== INPUT DATA ==

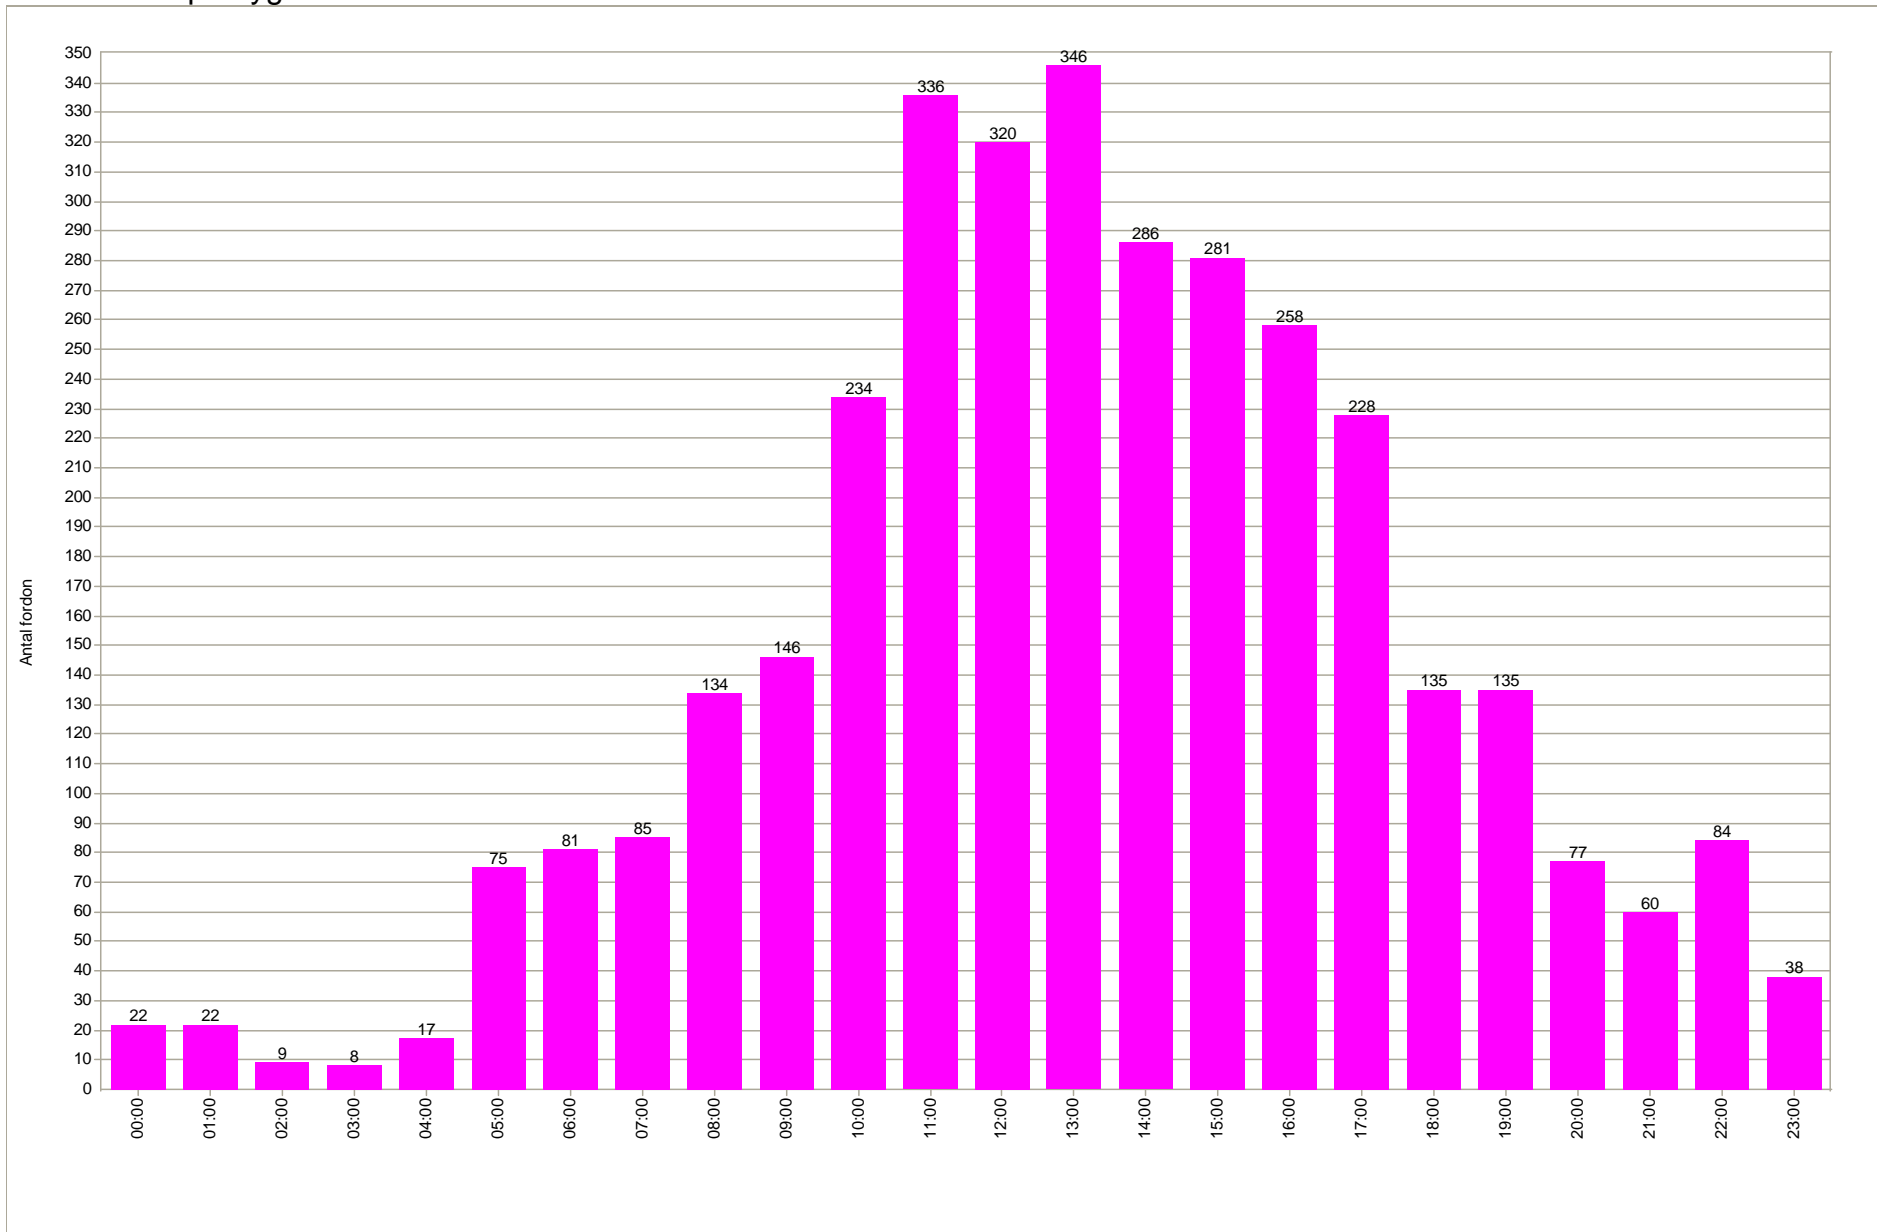

# Hastighetsdisplay Mellbystrandsvägen, Laholm

2010 04 01 - 2010 04 08 (torsdag kl. 02.00)

Antal fordon över perioden

# Hastighetsdisplay Mellbystrandsvägen, Laholm

2010 04 01 - 2010 04 08 (torsdag kl. 02.00)

Antal fordon på dygnet

# Hastighetsdisplay Mellbystrandsvägen, Laholm

2010 04 01 - 2010 04 08 (torsdag kl. 02.00)

Antal fordon inom hastighetsintervall

# Hastighetsdisplay Mellbystrandsvägen, Laholm

2010 04 01 - 2010 04 08 (torsdag kl. 02.00)

Hastighet och antal fordon per veckodag

■ Max hastighet ■ Medelhastighet från 85 % ■ Medelhastighet från 100 % ■ Antal fordon
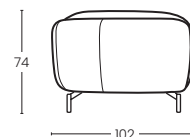

DATI TECNICI

Struttura: multistrato, abete, faggio

Spalliera: Rollofil

Braccioli: poliuretano densità 30 kg/m³

Seduta: poliuretano densità 30 kg/m³

Piedi: metallo

TECHNICAL DATA

Frame: plywood, fir, beech

Backrest: Rollofil

Armrests: polyurethane density 30 kg/m³

Seat: polyurethane density 30 kg/m³

Feet: metal

DIMENSIONI Size

VISTA FRONTALE
Front view

VISTA DALL'ALTO
Top view

VISTA LATERALE
Side view

POLTRONA
Armchair

POLTRONA MAXI
Armchair maxi

2 POSTI
2 Seater

3 POSTI
3 Seater

POUF
Pouf

POUF MAXI
Pouf maxi

DORMOUSE
Dormouse

CUSCINI SPALLA
Backrest pillows
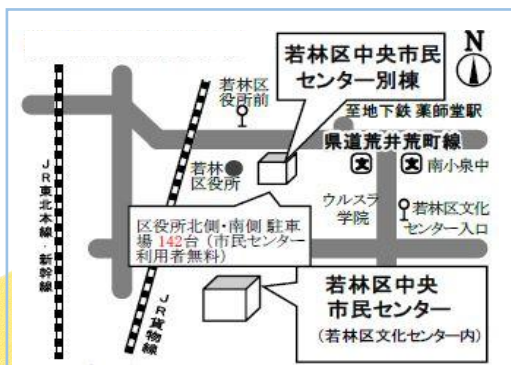

●費 用:材料費 1,200円

※持ち物:汚れてもよい服装(またはエプロンなど)

作品持ち帰り用袋

●申 込:6月3日(水)10:00~

電話または窓口へ

直径約25cm×高さ約24cm
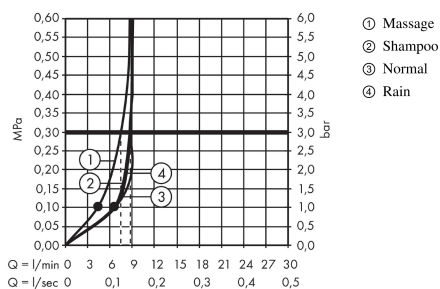

Gennemløbsdiagram

Værdierne for forbruget blev målt praksisorienteret og med de tilsvarende armaturer (termostat/blander/indbygget ventil).
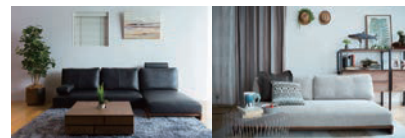

WEBB SOFA / Price オプション

()内はカバーのみの価格です。
※表示価格は全て税込価格となります。

スタンダードタイプ	スツール	ワイドスツール	スツール	ワイドスツール	肘クッション	ヘッドレスト	マガジンラック	
								
	レッドオーク		ウォールナット、ブラックチェリー、ホワイトオーク					
品番	LC027-1S	LC027-MS	LC027-1S	LC027-MS	LC306-1Z	RA012-1Z	RA027-1A	
サイズ (SH300)	800×600×300	900×600×300	800×600×300	900×600×300	210×450×100	510×150×610		
ファブリック								
生地ランク	B	¥93,830 (¥17,050)	¥96,690 (¥20,570)	¥106,810 (¥17,050)	¥109,890 (¥20,570)	¥13,310 (¥7,150)	¥22,000 (¥10,670)	¥12,650
	C	¥96,580 (¥19,800)	¥97,790 (¥22,000)	¥109,780 (¥19,800)	¥111,100 (¥22,000)	¥15,400 (¥9,350)	¥23,430 (¥12,320)	
	D	¥97,680 (¥21,120)	¥99,000 (¥23,320)	¥110,990 (¥21,120)	¥112,640 (¥23,320)	¥15,840 (¥9,680)	¥24,420 (¥13,090)	
	F	¥99,110 (¥22,990)	¥100,760 (¥25,190)	¥112,750 (¥22,990)	¥114,620 (¥25,190)	¥16,500 (¥10,340)	¥25,190 (¥14,080)	
皮革								
生地ランク	B	¥115,830	¥124,080	¥131,670	¥141,020	¥21,340	¥33,000	
	E	¥139,260	¥153,010	¥158,400	¥174,020	¥29,480	¥44,660	

WEBB/Custom chart

1.材質を約4種から選ぶ

2.張地を選ぶ

革2ランク・ファブリック4ランク。フルカバーリングのカバーは
ドライクリーニング（一部洗い）対応で汚れた時のメンテナンスや模様替えの際に張り替えが可能です。

3.サイズを選ぶ

背クッションは高さが標準タイプとハイタイプから選択可能。標準タイプはお部屋を広く開放的に見せてくれ
ハイタイプは映画鑑賞などで長時間同じ体勢でいても、首をサポートし、疲れにくくなっております。

===

ASSIGNED TASK.
Show all lines in the preceding material that have "densità" in them.

RESULT OF THE EXERCISE.
Braccioli: poliuretano densità 30 kg/m³
Seduta: poliuretano densità 30 kg/m³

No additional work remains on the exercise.